[Aim of the task]
Only one stretch of the data below is wanted: the lines from the one with "13 017 000 **S-UDLØB**" through the one with "2: O-ring Ø", repeated exactly.

[Supplied records]
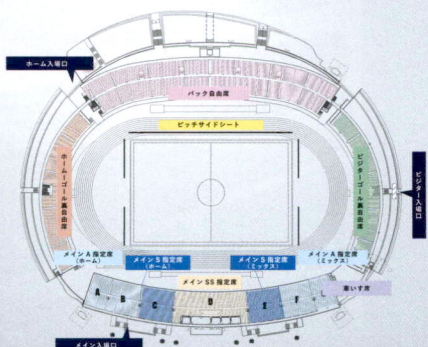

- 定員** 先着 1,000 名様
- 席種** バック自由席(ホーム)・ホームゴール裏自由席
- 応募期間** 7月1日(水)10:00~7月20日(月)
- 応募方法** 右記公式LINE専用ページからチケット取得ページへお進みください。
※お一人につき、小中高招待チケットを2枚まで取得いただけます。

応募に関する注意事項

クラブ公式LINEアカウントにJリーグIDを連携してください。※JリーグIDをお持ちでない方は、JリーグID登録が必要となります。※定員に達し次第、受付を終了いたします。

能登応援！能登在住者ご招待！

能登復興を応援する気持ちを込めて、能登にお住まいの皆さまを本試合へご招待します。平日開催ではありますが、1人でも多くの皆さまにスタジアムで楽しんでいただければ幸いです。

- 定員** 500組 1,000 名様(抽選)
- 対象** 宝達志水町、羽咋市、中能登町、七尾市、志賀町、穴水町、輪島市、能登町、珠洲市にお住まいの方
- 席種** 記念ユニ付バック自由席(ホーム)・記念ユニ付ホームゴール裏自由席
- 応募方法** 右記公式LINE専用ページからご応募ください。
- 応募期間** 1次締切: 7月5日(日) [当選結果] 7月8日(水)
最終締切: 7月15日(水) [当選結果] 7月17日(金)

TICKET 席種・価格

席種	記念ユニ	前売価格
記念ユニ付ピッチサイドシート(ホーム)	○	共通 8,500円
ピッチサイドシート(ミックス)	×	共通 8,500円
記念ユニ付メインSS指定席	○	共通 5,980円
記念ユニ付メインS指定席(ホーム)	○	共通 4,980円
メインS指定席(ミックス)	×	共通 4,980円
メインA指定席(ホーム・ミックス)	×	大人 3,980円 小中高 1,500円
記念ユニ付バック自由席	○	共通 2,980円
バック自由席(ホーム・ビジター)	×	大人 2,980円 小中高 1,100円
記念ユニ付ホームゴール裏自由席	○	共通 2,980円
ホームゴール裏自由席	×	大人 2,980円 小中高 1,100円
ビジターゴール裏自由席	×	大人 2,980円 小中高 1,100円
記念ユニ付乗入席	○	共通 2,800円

---

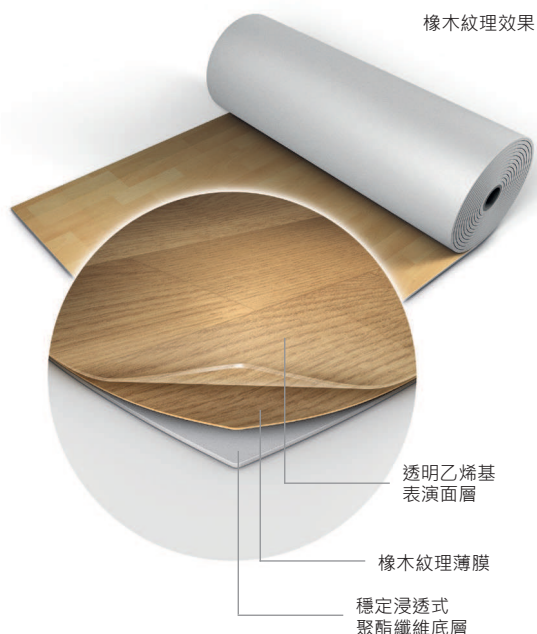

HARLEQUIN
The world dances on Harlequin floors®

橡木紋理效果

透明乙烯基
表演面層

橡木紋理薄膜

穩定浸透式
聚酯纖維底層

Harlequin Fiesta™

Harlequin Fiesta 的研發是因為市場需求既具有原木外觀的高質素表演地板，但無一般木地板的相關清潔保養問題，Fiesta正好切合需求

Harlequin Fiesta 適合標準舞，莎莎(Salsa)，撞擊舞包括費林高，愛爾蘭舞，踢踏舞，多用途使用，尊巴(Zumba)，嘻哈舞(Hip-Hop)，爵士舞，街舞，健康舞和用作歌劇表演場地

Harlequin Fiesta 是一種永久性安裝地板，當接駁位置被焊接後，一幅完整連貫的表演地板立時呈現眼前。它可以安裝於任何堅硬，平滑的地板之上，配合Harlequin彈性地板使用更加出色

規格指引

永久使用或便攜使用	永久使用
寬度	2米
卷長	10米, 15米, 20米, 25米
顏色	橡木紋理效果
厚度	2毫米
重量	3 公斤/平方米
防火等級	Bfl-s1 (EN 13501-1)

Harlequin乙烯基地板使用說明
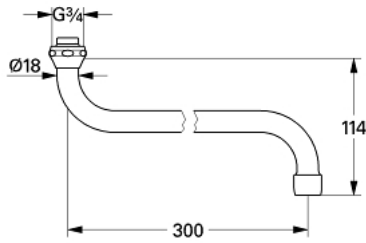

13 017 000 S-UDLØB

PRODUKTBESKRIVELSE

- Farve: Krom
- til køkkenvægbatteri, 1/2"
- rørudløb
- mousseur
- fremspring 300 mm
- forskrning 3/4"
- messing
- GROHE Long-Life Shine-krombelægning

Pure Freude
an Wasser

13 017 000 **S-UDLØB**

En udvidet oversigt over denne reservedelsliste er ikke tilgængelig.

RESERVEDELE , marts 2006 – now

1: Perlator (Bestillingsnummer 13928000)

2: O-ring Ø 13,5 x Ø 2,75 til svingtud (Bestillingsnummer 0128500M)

--

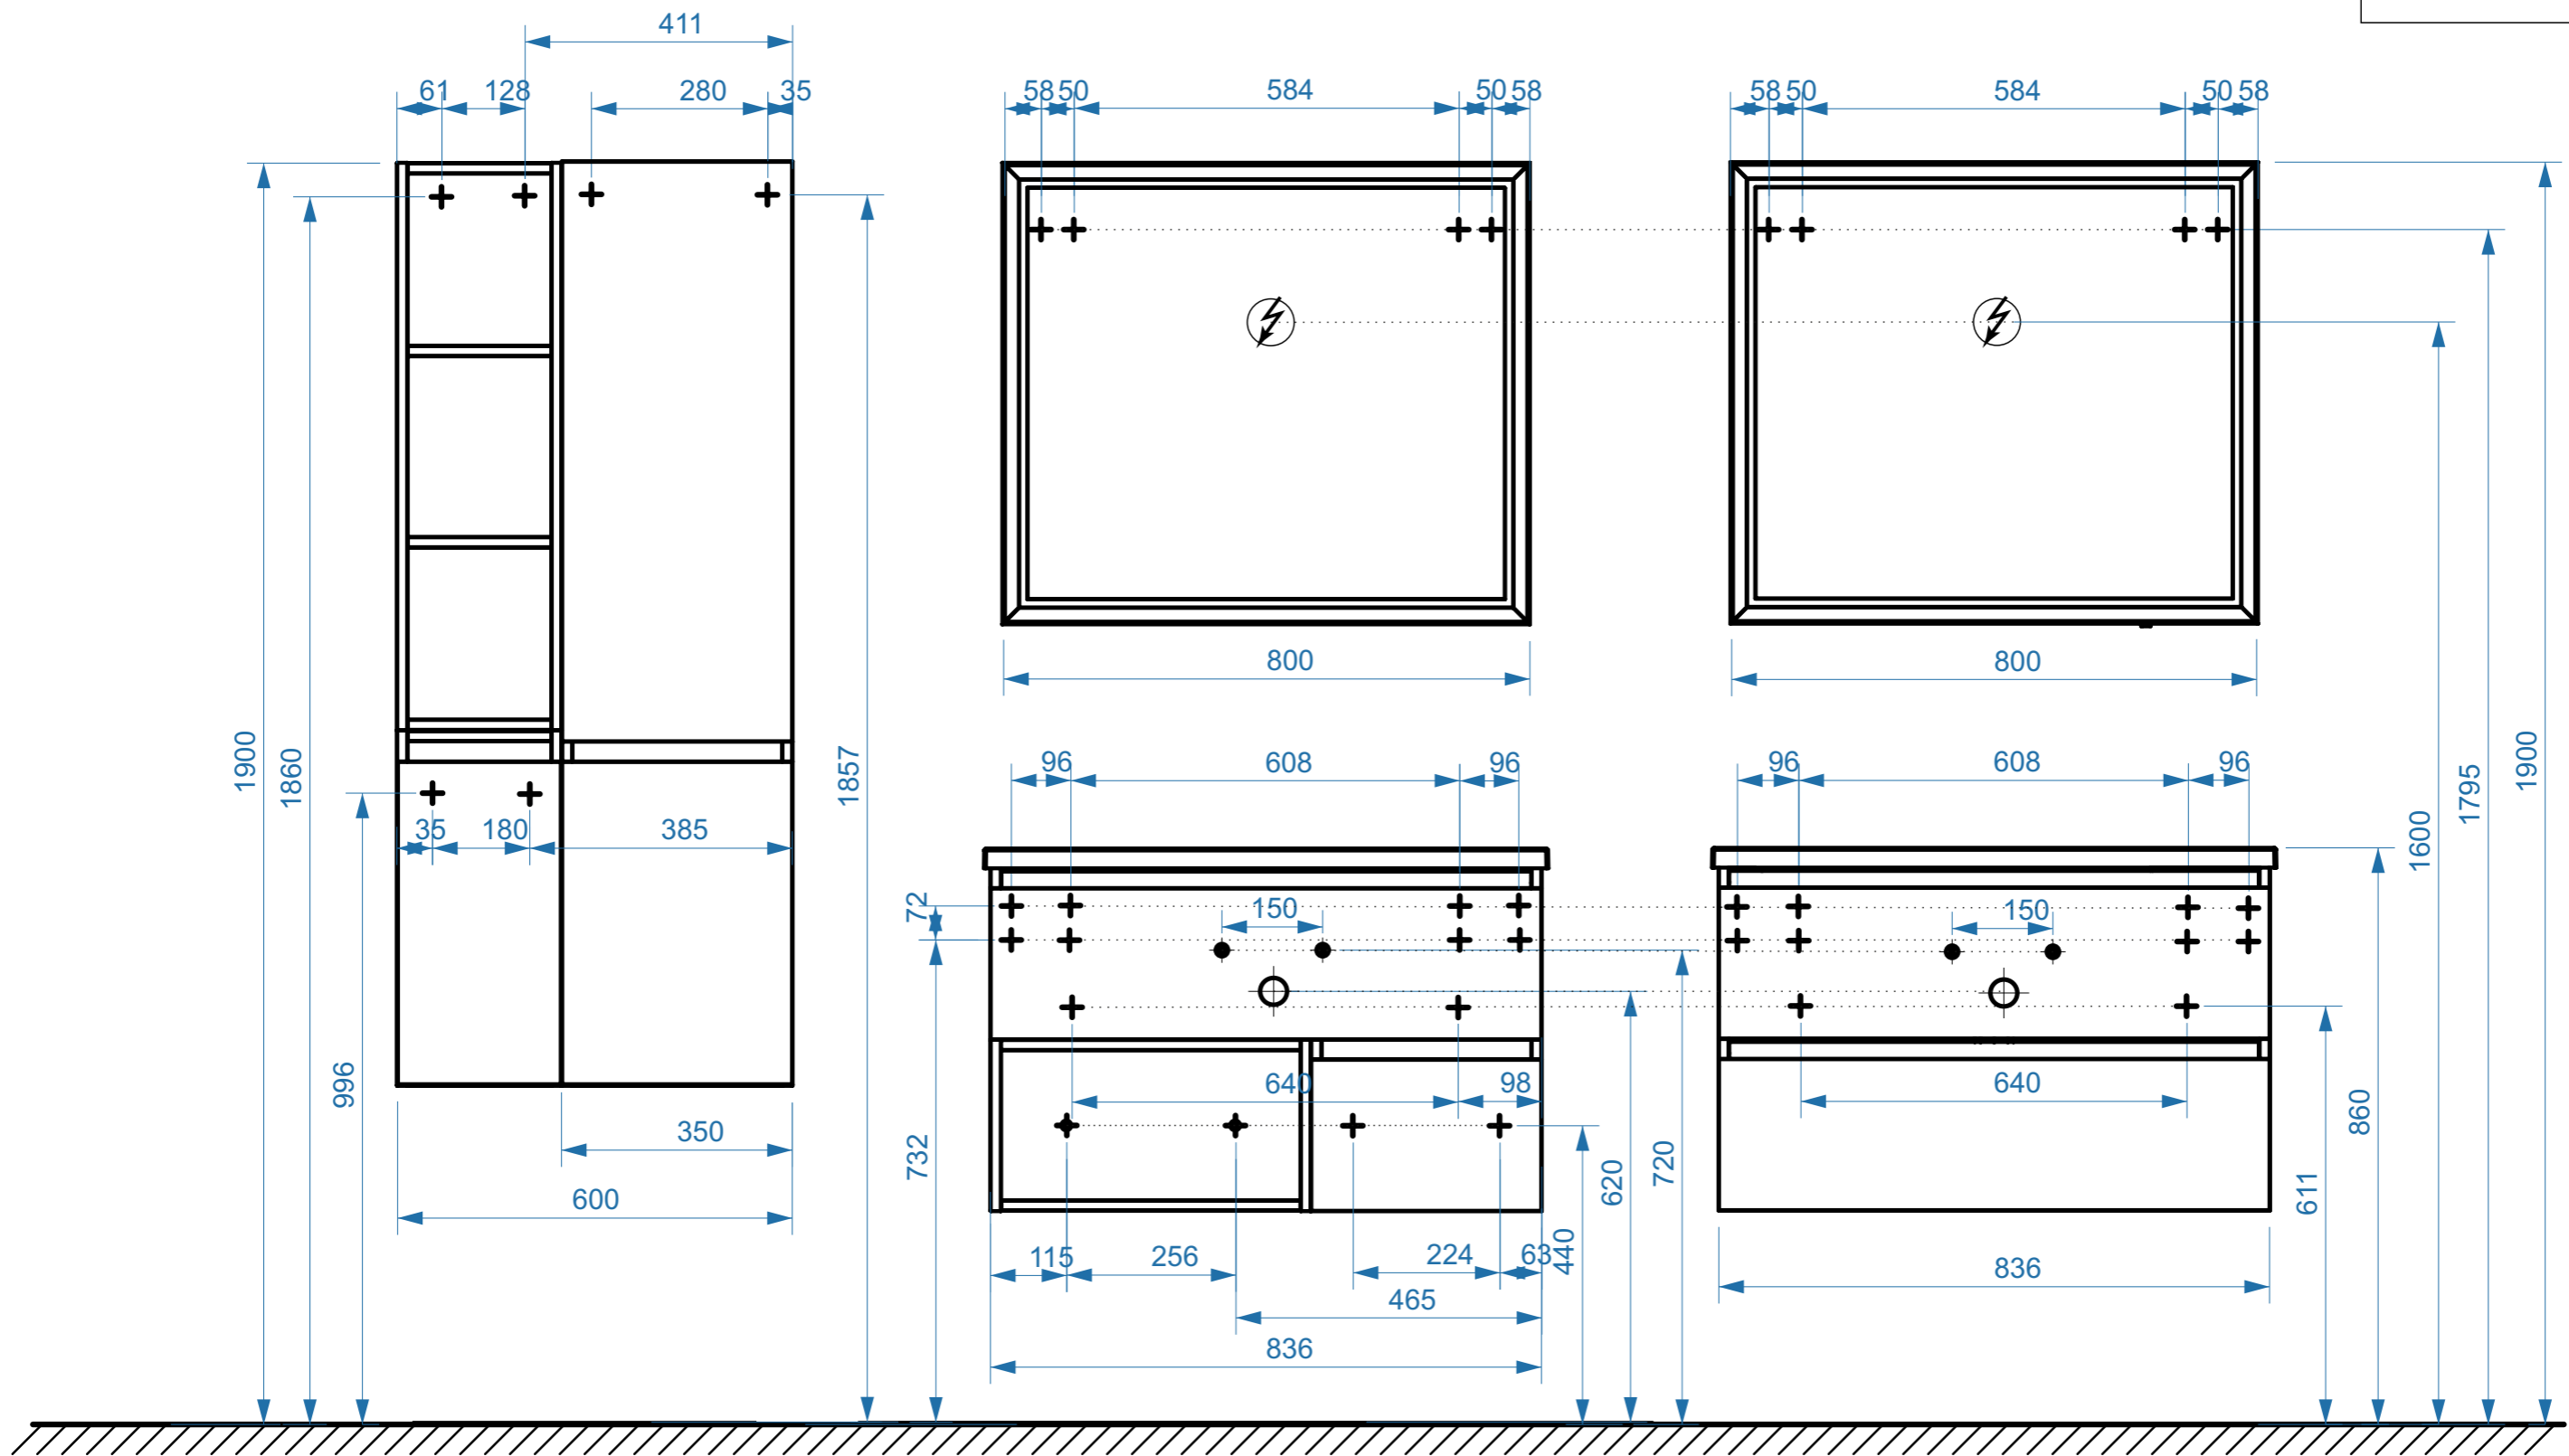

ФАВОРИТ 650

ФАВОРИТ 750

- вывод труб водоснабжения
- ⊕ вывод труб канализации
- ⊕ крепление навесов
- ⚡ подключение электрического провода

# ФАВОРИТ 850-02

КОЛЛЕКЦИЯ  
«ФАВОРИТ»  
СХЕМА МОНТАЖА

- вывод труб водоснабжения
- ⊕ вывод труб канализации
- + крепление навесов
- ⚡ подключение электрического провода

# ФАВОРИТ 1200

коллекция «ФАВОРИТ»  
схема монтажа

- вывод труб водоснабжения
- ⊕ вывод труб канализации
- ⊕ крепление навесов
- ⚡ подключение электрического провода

[Written solution]
13 017 000 **S-UDLØB**

En udvidet oversigt over denne reservedelsliste er ikke tilgængelig.

RESERVEDELE , marts 2006 – now

1: Perlator (Bestillingsnummer 13928000)

2: O-ring Ø 13,5 x Ø 2,75 til svingtud (Bestillingsnummer 0128500M)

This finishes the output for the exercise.